If we tell xargs to add at most two arguments per command executed, by adding the -n 2 option,

printf 'Hello, world!\nSecond line\nThird line\n' | xargs -d '\n' -n 2 ./args

we'll get

argc = 3
argv[0] = "./args"
argv[1] = "Hello, world!"
argv[2] = "Second line"
argc = 2
argv[0] = "./args"
argv[1] = "Third line"

This output means that our ./args got actually executed twice. First was effectively ./args 'Hello, world!' 'Second line', and the second was ./args 'Third line'.

Another important option to xargs is -r, which tells it to not run the command without any additional arguments:

true | xargs -r ./args

does not output anything, because xargs sees no input, and the -r option tells it to not run our args program if there are no additional arguments.

When manipulating file names or paths, the -0 (dash zero) option tells xargs that the input separator is the nul character, \0, which in C delimits strings. If we use that in the input to xargs, even strings with newlines and such will be correctly split into arguments. For example:

printf 'One thing\non two lines\0Second thing' | xargs -0 ./args

will output

argc = 3
argv[0] = "./args"
argv[1] = "One thing
on two lines"
argv[2] = "Second thing"

which is exactly what one would want, if processing file names or paths in a robust manner.
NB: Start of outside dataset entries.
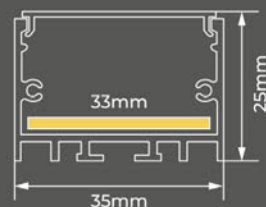

30mm PERFIL LIGHT DE SOBREPOR

PARA FITAS ATÉ 30mm

Perfil acompanha 2 tampas de fechamento e Kit de fixação.
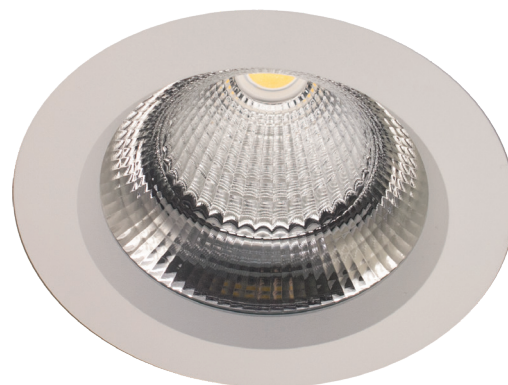

DM-LS[®] Datenblatt

Einbauleuchte

Fremont Maxi LED - 35 Watt

Weiß	Silber	Schwarz	Lichtfarbe	Lichtstrom (lm)	lm/W
FREM. 35 817F 1 40	FREM. 35 817F 9 40	FREM. 35 817F 2 40	817 - 1750 K	2318	66
FREM. 35 825B 1 40	FREM. 35 825B 9 40	FREM. 35 825B 2 40	825 - 2500 K	3747	107
FREM. 35 9330 1 40	FREM. 35 9330 9 40	FREM. 35 9330 2 40	3000 K	3234	92

Allgemeine Spezifikationen

Produkttyp: Einbauleucht
Montageort: Innenbereich

Spezifikationen

Deckenausschnitt: Ø140 mm
 Außendurchmesser: Ø150 mm
 Höhe: 153 mm
 Gewicht: 1310 g
 Korpus: Aluminium-Druckguss
 Oberfläche: Aluminium-Druckguss, pulverbeschichtet
 Abdeckung: Glas
 Reflektor: Aluminium
 LED-Treiber: Austauschbar (TR04010500420)
 COB-Modul: Bridgelux austauschbar durch Hersteller
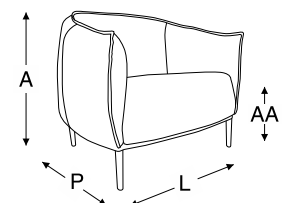

alumínio

tecido

unique panamá couro outdoor sarja lona
flamê bouclê chenille

blocos 3d

dimensão			
A	P	L	AA
0,80m	0,85m	0,85m	0,40m

sofá e poltronas liverpool

LIVERPOOL

espreguiçadeira liverpool
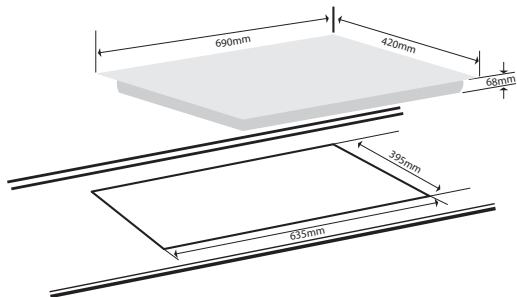

Model: G-252T

Giá: 9.860.000 VNĐ

Bếp 2 từ công suất: 4000W

Công suất: 4000W = 2000 + 2000
Có thể đạt công suất tối đa cả 2 bếp cùng một lúc
Điều khiển cảm ứng chạm
Hẹn giờ tắt thông minh
Có 9 mức điều khiển nhiệt độ
Cảm ứng đáy nồi tự tắt bếp
Khóa trẻ em an toàn
Điện áp: 220V/50Hz
Kính thước mặt kính (mm): 690 x 420
Kích thước cắt đá (mm): 635 x 395

Model: G-261 ET

Giá: 15.670.000 VNĐ

Bếp 1 từ + 1 điện công suất: 4100W

Công suất: 4100W = 1800 + 2300
Có thể đạt công suất tối đa cả 2 bếp cùng một lúc
Mặt kính **SCHOTT made in Germany**
Điều khiển cảm ứng chạm
Hẹn giờ tắt thông minh
Có 9 mức điều khiển nhiệt độ
Cảm ứng đáy nồi tự tắt bếp
Khóa trẻ em an toàn
Điện áp: 220V/50Hz
Kính thước mặt kính (mm): 690 x 420
Kích thước cắt đá (mm): 635 x 395

Model: G-33T

Giá: 21.800.000 VNĐ

Bếp 3 từ công suất: 5100W

Công suất: 5100W = 1800 + 1300 + 2000
có thể đạt công suất tối đa cả 3 bếp cùng một lúc
Mặt kính **SCHOTT made in Germany**
Điều khiển cảm ứng chạm
Hẹn giờ tắt thông minh
Có 9 mức điều khiển nhiệt độ
Cảm ứng đáy nồi tự tắt bếp, cảnh báo nhiệt và dư nhiệt
Khóa trẻ em an toàn, tự ngắt bếp theo công suất nấu
Điện áp: 220V/50Hz
Kính thước mặt kính (mm): 760 x 430
Kích thước cắt đá (mm): 725 x 405
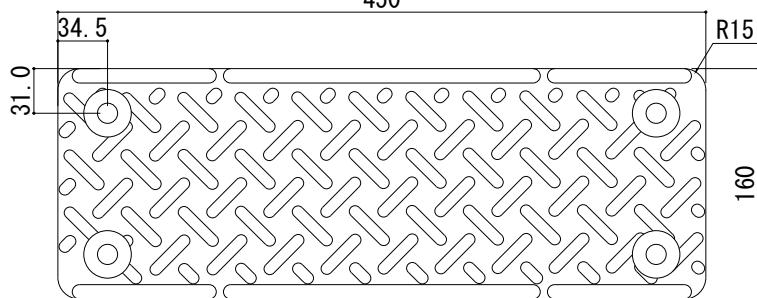

仕様

ブランコ座板

※金具類はステンレス製とする

上面
450

裏面
450
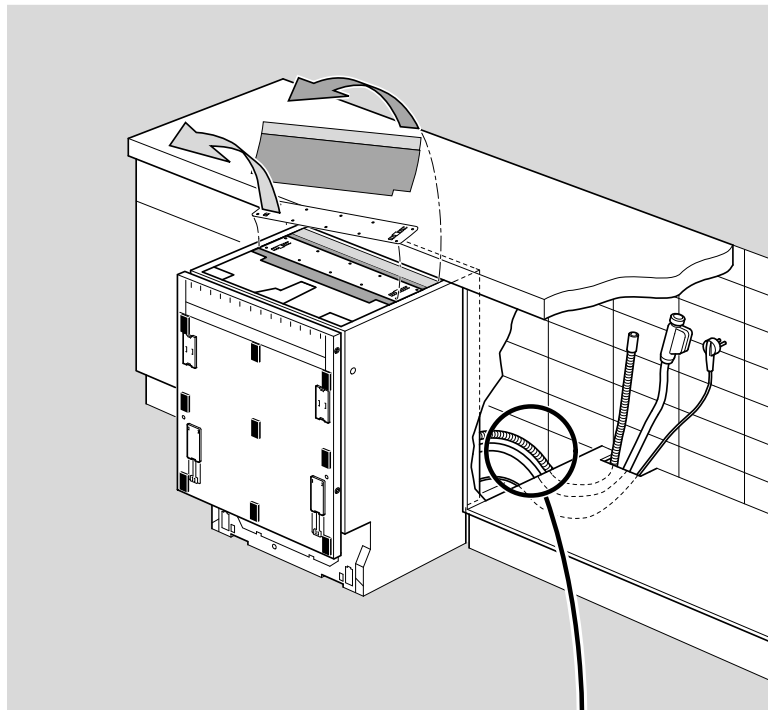

nicht einklemmen
do not pinch
ne pas coincer
No doblar

Is there a way to do this without needing xargs and can be done in the c files themselves?

Of course: just read standard input. xargs is almost certainly written in C itself on all Unixy systems.

How does [xargs] separate out a string in that format and decide what to put in the array?

The short answer is that it depends on the options used, because xargs is a pretty powerful little tool.

The full answer is, look at the sources. The source for the GNU xargs (part of findutils) is here, and the source for FreeBSD version is here.

The code answer depends on whether you can use POSIX.1 or not, specifically getline() or getdelim(). If you have a single-character separator (be it any single-byte character at all, even nul), you can use getdelim() to reach each "parameter" from the input as a separate string. This is what I'd do, but it is not unix, it is a posix solution. (Nowadays, if you have a maintained Unixy computer, it is almost certain to have POSIX.1 support in its C library built-in.)

Why is argc == 9?

If we duplicate your input using printf 'o---o\n| |\n| |\n| |\no---o\n' and pipe it to xargs ./args, the output is as expected,

argc = 9
argv[0] = "./args"
argv[1] = "o---o"
argv[2] = "|"
argv[3] = "|"
argv[4] = "|"
argv[5] = "|"
argv[6] = "|"
argv[7] = "|"
argv[8] = "o---o"

i.e. each part of your ascii art separated at whitespace, and supplied as a command-line parameter. If we pipe it to xargs -d '\n' ./args, the output is

argc = 6
argv[0] = "./args"
argv[1] = "o---o"
argv[2] = "|   |"
argv[3] = "|   |"
argv[4] = "|   |"
argv[5] = "o---o"

If you had written that initial args.c program for yourself, you probably could have found the answer to your questions yourself via exploration. That is what makes programming so powerful: you can write tools that help you understand the problems you wish to solve. Applying the Unix philosophy and the KISS principle means those tools are often quite simple to write as well. Just write them well in the first place, so you can trust their results, and don't need to rewrite them too often.